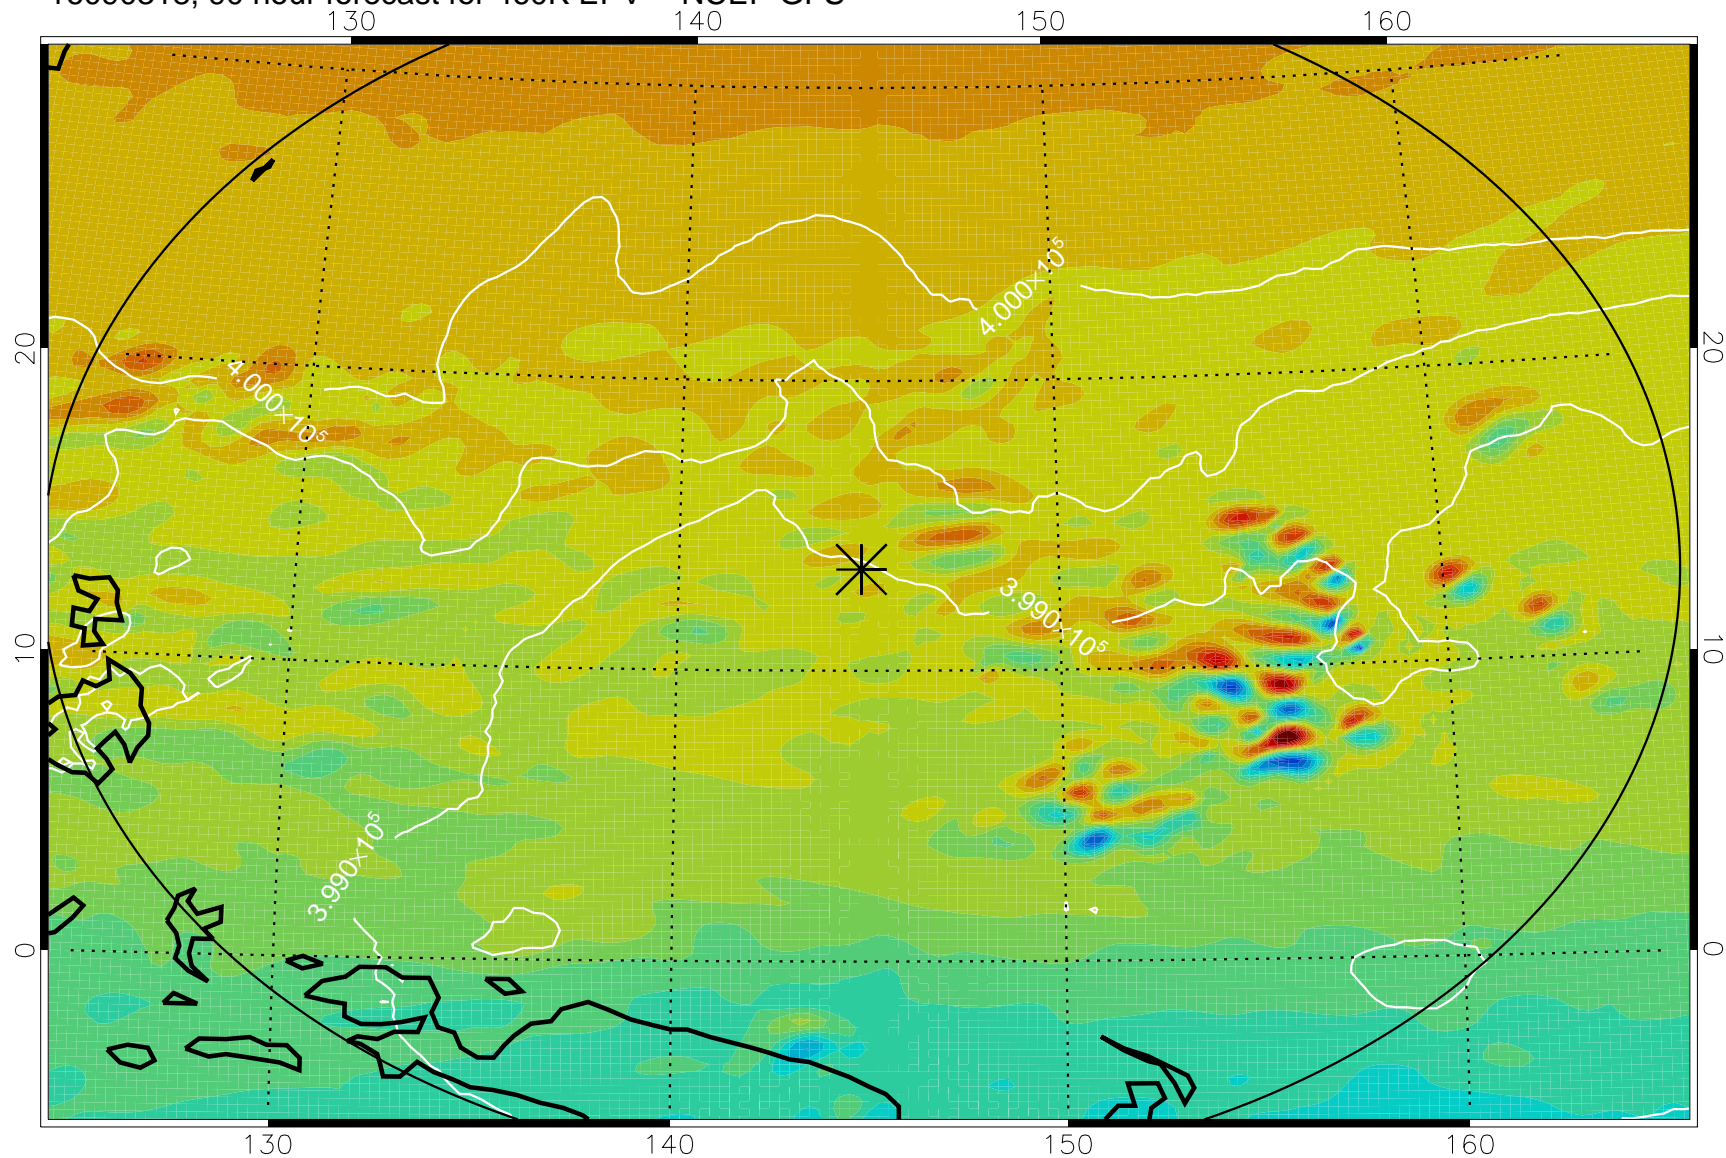

16090218, 66 hour forecast for 460K EPV -- NCEP GFS

460K Montgomery Streamfunction, white

Range ring of 2304 km

16090300, 72 hour forecast for 460K EPV -- NCEP GFS

460K Montgomery Streamfunction, white

Range ring of 2304 km

16090306, 78 hour forecast for 460K EPV -- NCEP GFS

460K Montgomery Streamfunction, white

Range ring of 2304 km

16090312, 84 hour forecast for 460K EPV -- NCEP GFS

460K Montgomery Streamfunction, white

Range ring of 2304 km

16090318, 90 hour forecast for 460K EPV -- NCEP GFS

460K Montgomery Streamfunction, white

Range ring of 2304 km

16090400, 96 hour forecast for 460K EPV -- NCEP GFS

460K Montgomery Streamfunction, white

Range ring of 2304 km

16090406, 102 hour forecast for 460K EPV -- NCEP GFS

460K Montgomery Streamfunction, white

Range ring of 2304 km

16090412, 108 hour forecast for 460K EPV -- NCEP GFS

460K Montgomery Streamfunction, white

Range ring of 2304 km

===============

● Exercise goal
Leave the pictures out and output all of the data verbatim.

● Answer space
16090218, 66 hour forecast for 460K EPV -- NCEP GFS

460K Montgomery Streamfunction, white

Range ring of 2304 km

16090300, 72 hour forecast for 460K EPV -- NCEP GFS

460K Montgomery Streamfunction, white

Range ring of 2304 km

16090306, 78 hour forecast for 460K EPV -- NCEP GFS

460K Montgomery Streamfunction, white

Range ring of 2304 km

16090312, 84 hour forecast for 460K EPV -- NCEP GFS

460K Montgomery Streamfunction, white

Range ring of 2304 km

16090318, 90 hour forecast for 460K EPV -- NCEP GFS

460K Montgomery Streamfunction, white

Range ring of 2304 km

16090400, 96 hour forecast for 460K EPV -- NCEP GFS

460K Montgomery Streamfunction, white

Range ring of 2304 km

16090406, 102 hour forecast for 460K EPV -- NCEP GFS

460K Montgomery Streamfunction, white

Range ring of 2304 km

16090412, 108 hour forecast for 460K EPV -- NCEP GFS

460K Montgomery Streamfunction, white

Range ring of 2304 km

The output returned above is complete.